(Data excerpts)
****************

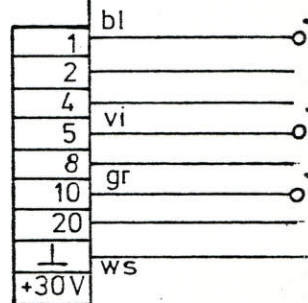

Lamp "HIT OF THE HOUSE", if not required, might be used to illuminate the Coin Denomination Label. In that case the line Grey to plug "BRAUN" is disconnected and replaced by Grey of dotted line.

Nach Pat. Gesetz § 7 Abs. 1 werden für diese Unterlage alle Rechte vorbehalten. Vervielfältigung, Mitteilung oder Verwertung ihres Inhaltes durch Empfänger oder Dritte ist strafbar und wird gerichtlich verfolgt.

			Maße ohne Toleranzangabe	
			85	Tag
			Gez.	21.1.
			Bearb.	
			Gepr.	
			DEUTSCHE WURLITZER G.m.b.H.	
Änderg. Tag	Name	Hüllhorst		

Halbzeug, Werkzeug

Benennung

Fernwahlbox FL 920 -LASERGRAPH-

Zeichnung-Nr.

40272.300-02(3)

Ersatz für: Ersetzt durch:

Maßstab

Reg.-Zeich

GELB

BRAUN

ROT

40310
ELEKTRONISCHE STEUERUNG
SIGNAL & CREDIT COMPUTER

Farbencode / Coulor Code

- sw = schwarz / black
- ws = weiß / white
- gr = grau / grey
- vi = violett / violet
- bl = blau / blue
- gn = grün / green
- ge = gelb / yellow
- or = orange / orange
- rt = rot / red
- br = braun / brown
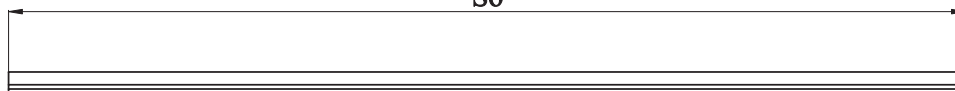

netto	brutto
30,00	36,90

WYMIAR	próg do drzwi INTRO, BOSTON ST+, DAKAR (DP/P)			
	70	80	90	100
So	703	803	903	1003

WYMIAR	próg do drzwi przeciwpożarowych FOGO			
	70	80	90	100
So	704	804	904	1004

So
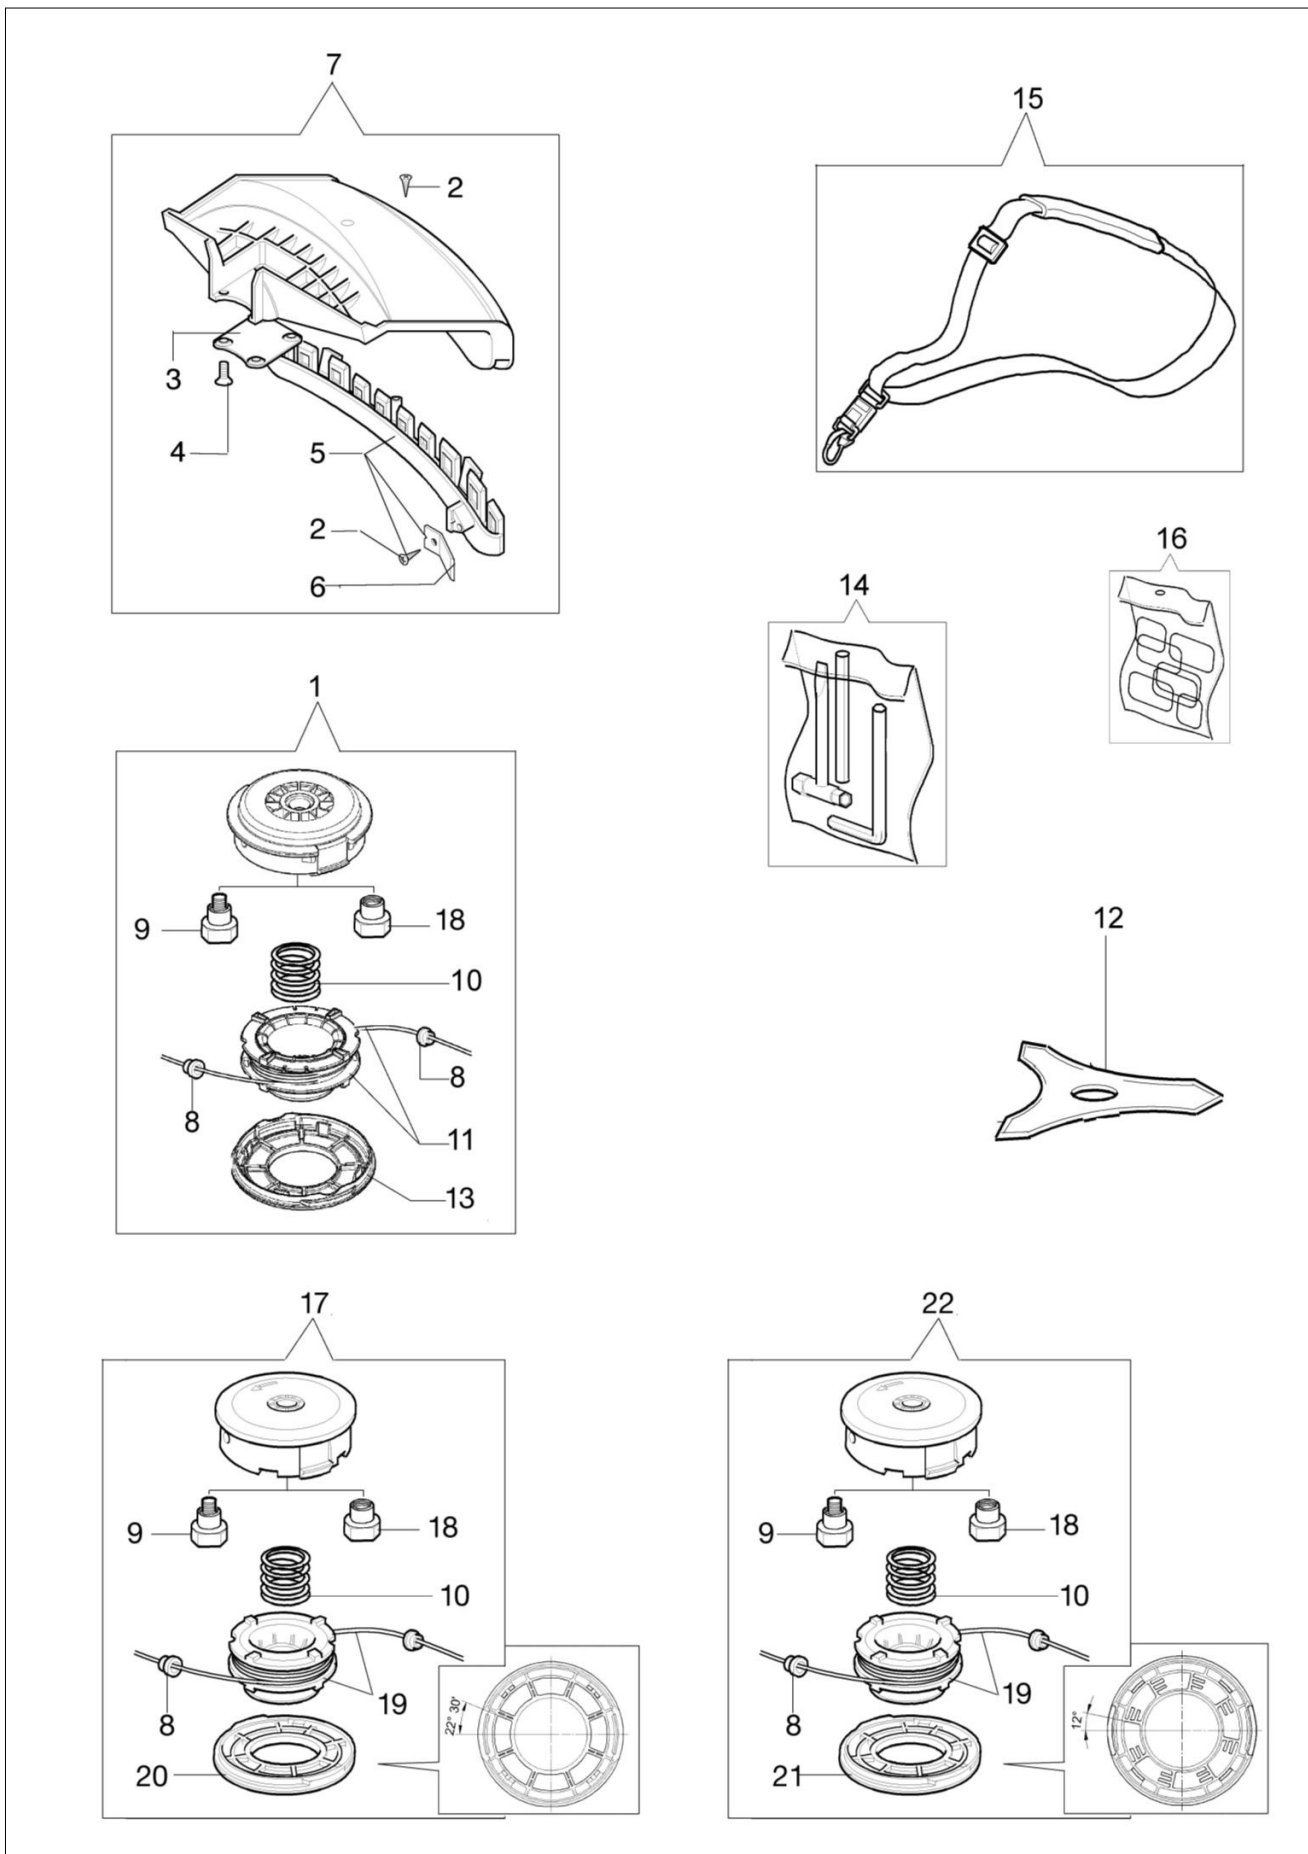

Katalog części zamiennych (Głowica "Load&Go" D.130)

Ilustracja Silnik

Znak	Ilość	Kod artykuł	Opis	Ważność od	Ważność do	Notakt	Biuletyny
1	1	2318817R	Pompka rozruchowa				
2	1	61210032AR	Ośłona cylindra				
3	2	4191069BR	Płytką				
4	2	3801069R	Śruba				
5	2	3819036R	Podkładka				
6	1	3916006R	Podkładka				
7	1	61200061AR	Tłumik				
8	1	61350271R	Deflektor				
9	1	3055115R	Świeca zapłonowa				
10	1	61350272R	Uszczelka				
11	2	074000405R	Pierscien tłokowy				
12	2	004900061R	Pierscien				
13	1	50110047R	Pierscien tłokowy				
14	1	50120034A	Tłok kpl. Ø40				
15	1	61330204	Cylinder kpl. Ø40				
16	1	50110044R	Łozysko				
17	2	50110043AR	Dystans				
18	1	61200001R	Wał korbowy				
19	1	61200064R	Stoper				
20	1	61350346	Skrzynia korbowa kpl.				
21	1	3860096R	Sruba				
22	2	094000006R	Łozysko				
23	1	61200006AR	Uszczelka				
24	2	094000099R	Pierścień uszczelniający				
25	4	094000101R	Śruba				
26	4	3833073R	Podkładka				
27	2	3023008R	Sworzeń				
28	1	3916005R	Podkładka				
29	1	3819006R	Podkładka				
30	1	3801010R	Sruba				
31	2	3960030R	Śruba				
32	1	3960069AR	Śruba				
33	1	61202038BR	Zestaw uszczelek				

15 ■ KIT RIPARAZIONE
REPAIR KIT

Ilustracja Gaźnik

Znak	Ilość	Kod artykuł	Opis	Ważność od	Ważność do	Notakt	Biuletyny
1	1	50010141	Śruba				
2	2	095000164	Pierścień				
3	1	072700211	Przepustnica				
4	1	2318211	Sworzeń				
5	1	2318786	Walek				
6	1	094600208	Sprężyna				
7	1	2318736	Śruba regulacyjna				
8	2	2318867R	Pokrywa				
9	1	2318631	Śruba regulacyjna				
10	1	2318191	Pokrywa				
11	4	035000162	Śruba				
12	1	003300197	Śruba				
13	1	375100087	Pokrywa				
14	1	003300201	Walek napędowy				
15	1	2318671	Zestaw naprawczy				
16	1	074000240	Śruba regulacyjna				
17	1	094600148	Sprężyna

****************

What is needed:
With all pictures removed, reproduce the lines from the top of the entries above through the line containing "- vi = violett / violet", exactly as written.

Answer to this task:
Lamp "HIT OF THE HOUSE", if not required, might be used to illuminate the Coin Denomination Label. In that case the line Grey to plug "BRAUN" is disconnected and replaced by Grey of dotted line.

Nach Pat. Gesetz § 7 Abs. 1 werden für diese Unterlage alle Rechte vorbehalten. Vervielfältigung, Mitteilung oder Verwertung ihres Inhaltes durch Empfänger oder Dritte ist strafbar und wird gerichtlich verfolgt.

			Maße ohne Toleranzangabe	
			85	Tag
			Gez.	21.1.
			Bearb.	
			Gepr.	
			DEUTSCHE WURLITZER G.m.b.H.	
Änderg. Tag	Name	Hüllhorst		

Halbzeug, Werkzeug

Benennung

Fernwahlbox FL 920 -LASERGRAPH-

Zeichnung-Nr.

40272.300-02(3)

Ersatz für: Ersetzt durch:

Maßstab

Reg.-Zeich

GELB

BRAUN

ROT

40310
ELEKTRONISCHE STEUERUNG
SIGNAL & CREDIT COMPUTER

Farbencode / Coulor Code

- sw = schwarz / black
- ws = weiß / white
- gr = grau / grey
- vi = violett / violet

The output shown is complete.